Many models of consistency effects, nonetheless, have followed this normative suggestion (e.g. Barber & O’Leary, 1997; Cohen & Huston, 1994; Cohen, Servan-Schreiber, & McClelland, 1992; O’Leary & Barber, 1993; Zhang & Kornblum, 1998; Zhang, Zhang, & Kornblum, 1999; Zorzi & Umilta, 1995). Zorzi and Umilta (1995), however, did explore the performance of an alternative version of their model that implemented between-process inhibition. They found that both models could account for performance equally well, and that in the end the only motivation for preferring within-process inhibition was theoretical consistency: because everyone else was doing it.

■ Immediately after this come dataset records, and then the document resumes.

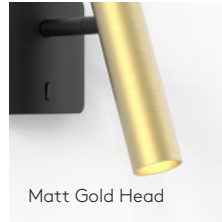

4W Max LED 35mm GU10 excl.
Switched
Shade sold separately

Leda Swing Matt Black

Leda Wall Matt Black

Matt Gold Head

Matt Nickel Head

Leda Desk

With its minimalist, linear design and convenient, adjustable head, Leda is the ideal desk light choice for adding warm, functional task lighting to guest room workspaces, bedside tables and lobby seating areas. Leda is available in elegant matt black to match any contemporary interior.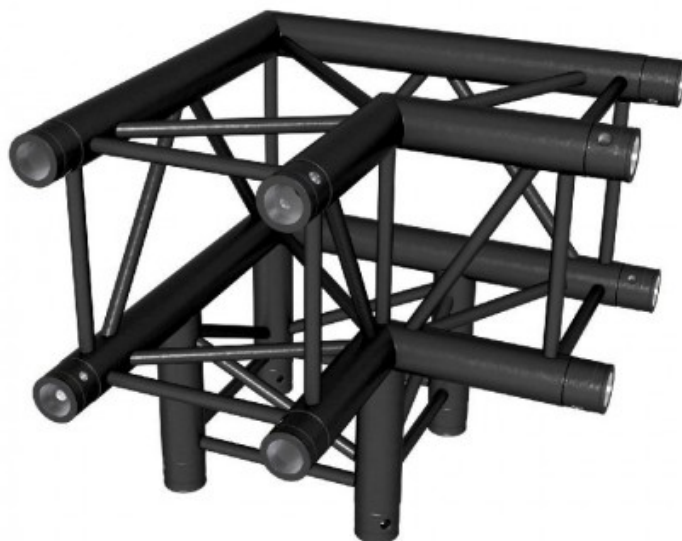

ESQUINA 3 VIAS TRUSS NEGRO QUATRO 290 90° BRITEQ

Reference: 109/3965
EAN13: 5420025639651

Product description:

Product gallery: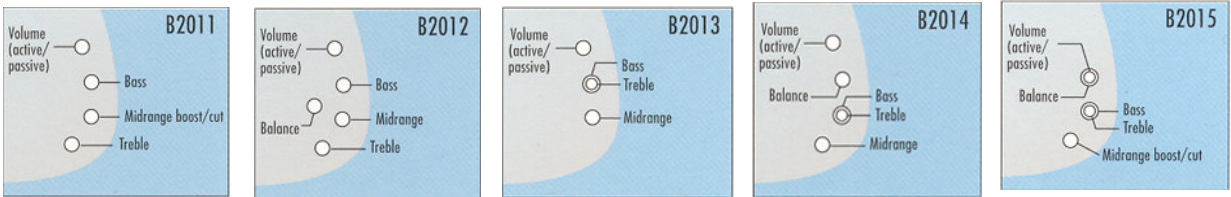

active electronics for bass guitars

layout and function overview

2-band active electronics TCM 2

TCM 2 models available with add contour switch.

3-band active electronics TCM 3

3-band active electronic / parametric midrange control TCM 3PM

TCM 3PM models available with switchable mid control.

2-band parametric electronic TCM 2P

3-band parametric electronic TCM 3P

All models available with add passive tone control.

active electronics for bass guitars

layout and function overview

4-band active electronics TCM 4 XM

TCM 4 models available with add contour switch and passive tone control.

Kornblum et al. (1999) pointed out that having within-process inhibition can lead to explosive inhibitory feedback effects if activation values are allowed to go below zero (see Kornblum et al., 1999, p. 706). Zorzi and Umilta (1995) and Cohen and Huston (1994) dealt with this by constraining the output of units between 0 and 1. Instead of adding this additional constraint on the dynamics of processing, Kornblum et al. (1999) implement between-process inhibition. By using this alternative inhibition mechanism, and forcing fewer constraints on processing (because output could be either positive or negative with no ill consequences to the model), they were still easily able to account for performance in Simon tasks, Stroop-like tasks, and their factorial combinations.